Welke wandelschoenen moet ik kiezen?
Of je nu dagelijks een blokje om gaat, kiest voor een flinke bergwandeling, een vierdaagse gaat lopen, of een groot deel van je vakantie op bergpaadjes doorbrengt... Wandelen is een fijne manier om lekker buiten bezig te zijn, van de natuur te genieten en als klap op de vuurpijl werk je op een goede wandeldag ook nog eens je complete vitamine D-tekort weg!
De natuur is echter een stuk minder mooi als jij je alleen maar met je blaren bezig kan houden en als je de dag na het wandelen last hebt van alle gewrichten in je lichaam dan denk je de volgende keer ook wel een keer extra na voordat je je wandelschoenen weer uit de kast trekt.

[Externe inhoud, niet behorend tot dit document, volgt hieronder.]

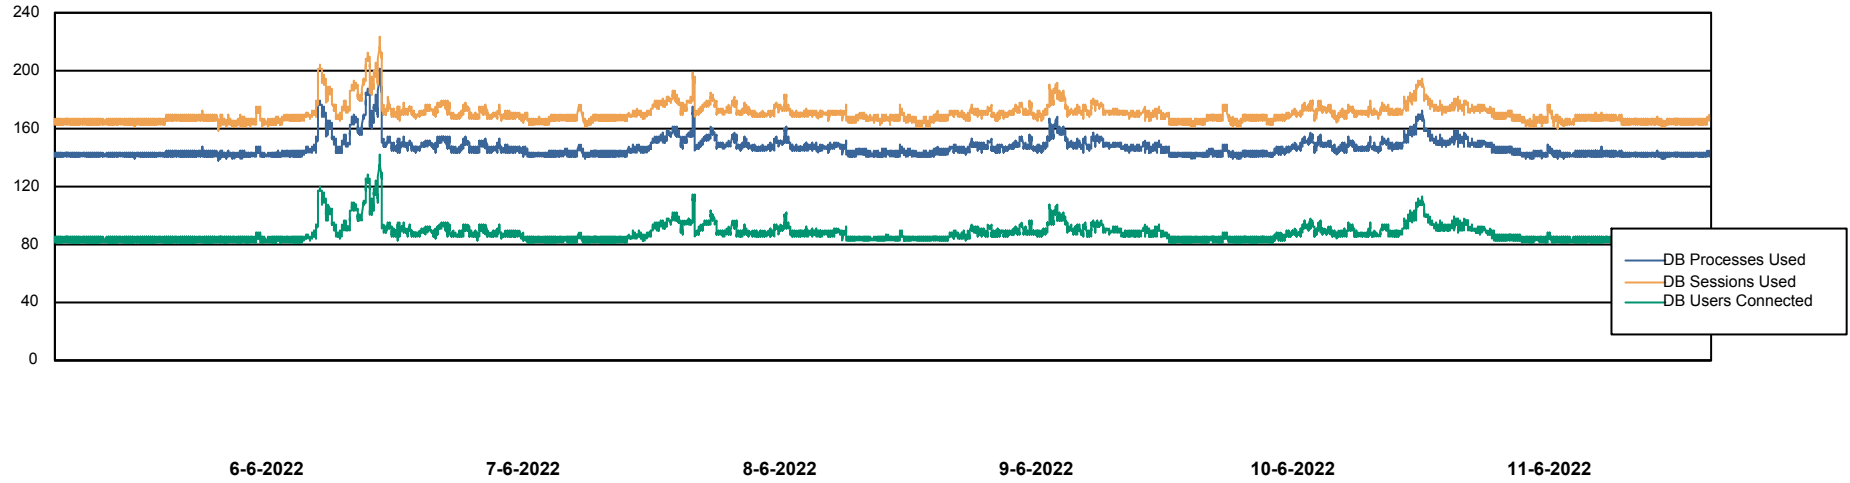

Weekly SLA Customer Report

Customer VOS_Production
Database ID 143

Database Performance VOSDB_BI

Weekly SLA Customer Report

Customer VOS_Production
Database ID 143

Database Performance VOSDB_Production

Weekly SLA Customer Report

De schoenen zijn dan ook niet voor niets het belangrijkste onderdeel van jouw wandeloutfit! Maar hoe kies je nou eigenlijk de juiste wandelschoen?


Welke categorie wandelschoenen heb ik nodig?

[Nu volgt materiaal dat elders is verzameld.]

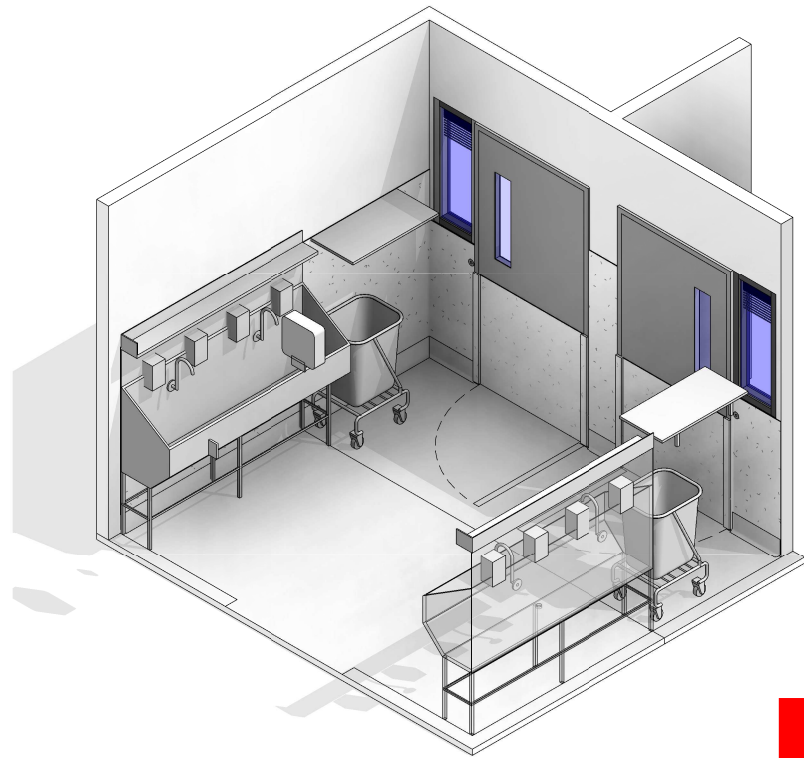

AUSTRALASIAN HFG STANDARD COMPONENTS

Room Layout Sheet

RLS Room Code: **SCRBS**

Room Name:

SCRUB UP/ GOWNING - SHARED, 10m²

CODE	DESCRIPTION
DWOB-003	OBSERVATION: internal window, alum/glass, double glazed, integral venetian blind, powdercoat
DWPR-006	DOOR PROTECTION: protection plate, to 900 AFFL, PVC, prefinished
DWPR-010	DOOR PROTECTION: to door frame, PVC, prefinished
DWWD-007	BLIND: venetian, integral
DWWD-010	CONTROL: venetian blind, remote
ELBO-015	SWITCH: light, single
ELGP-109	GPO: single, wall mounted
FIDI-028	DISPENSER: scrub brush
FIDI-031	DISPENSER: soap antiseptic
FUJO-194	SHELF: laminate
FUJO-200	SHELF: stainless steel, over scrub sink, wall mount
FLSK-010	SKIRTING: vinyl, floor vinyl coved, 150H, prefinished
FLVY-004	FLOOR FINISH: vinyl, seamless, coved, non-slip, safety
FLVY-007	FLOOR FINISH: vinyl, seamless, coved, standard slip resistant
HYBA-077	SINK: trough, scrub
HYTP-042	TAPWARE: sensor
ITCL-014	CLOCK: analogue, electric
MMGE-048	LINEN CARRIER: dirty, single
WLPR-013	WALL PROTECTION: corner guards, to 1500 AFFL, prefinished PVC
WLWA-005	WALL FINISH: paint, scrub resistant
WLWA-020	WALL FINISH: vinyl, to 1500 AFFL

RETIRED

ELEVATION 1

ELEVATION 2

ELEVATION 3

ELEVATION 4

REV	DESCRIPTION	DATE
4	Coding and naming updated	20.03.2017

FOR GUIDANCE

SCALE	RLS Room Code	REV
1 : 50 @ A3	SCRBS	4

Om te kunnen bepalen welke wandelschoenen bij jou passen vraag je jezelf eerst af waar en wanneer jij gaat wandelen. Vanuit deze basis kun jij gaan bepalen welke eigenschappen jouw wandelschoenen moeten hebben. Wandelschoenen kunnen worden onderverdeeld in verschillende categorieën. Deze categorieën geven aan voor welke ondergronden en gebieden de schoenen geschikt zijn. In Nederland en voor (lichte) bergwandelingen kun je kiezen voor wandelschoenen uit de categorieën A, A/B of B:
A-categorie – wandelschoenen uit deze categorie hebben een vrij soepele zool. Deze schoenen zijn geschikt voor op vlakke paden. Ideaal om te dragen tijdens dagelijkse wandelingen of om mee te nemen als je op citytrip gaat!
A/B-categorie – deze schoenen hebben een stevigere zool dan schoenen uit de A-categorie. Kies voor deze schoenen als je zowel op vlakke paden loopt als op heuvelachtig landschap loopt.
B-categorie – voor stevige allround schoenen zit je goed met wandelschoenen uit deze categorie. Veel profiel in combinatie met een stugge zool zorgen dat deze schoenen alle bescherming bieden die je nodig hebt tijdens wandelingen op oneffen terrein.
Tip: Heb je zwakke enkels? Kies dan voor hoge schoenen, ongeacht of je op een vlakke of bergachtige ondergrond gaat wandelen.
Voor heftigere tochten zijn er ook nog wandelschoenen in de categorieën C en D. Deze schoenen hebben bijzonder stugge zolen en zijn een stuk zwaarder dan de schoenen uit bovenstaande categorieën. Voor heftige tochten is het belangrijk dit soort schoenen te dragen, omdat deze zorgen voor voldoende grip, ook als je moet stijgen of dalen met flink wat bagage op je rug.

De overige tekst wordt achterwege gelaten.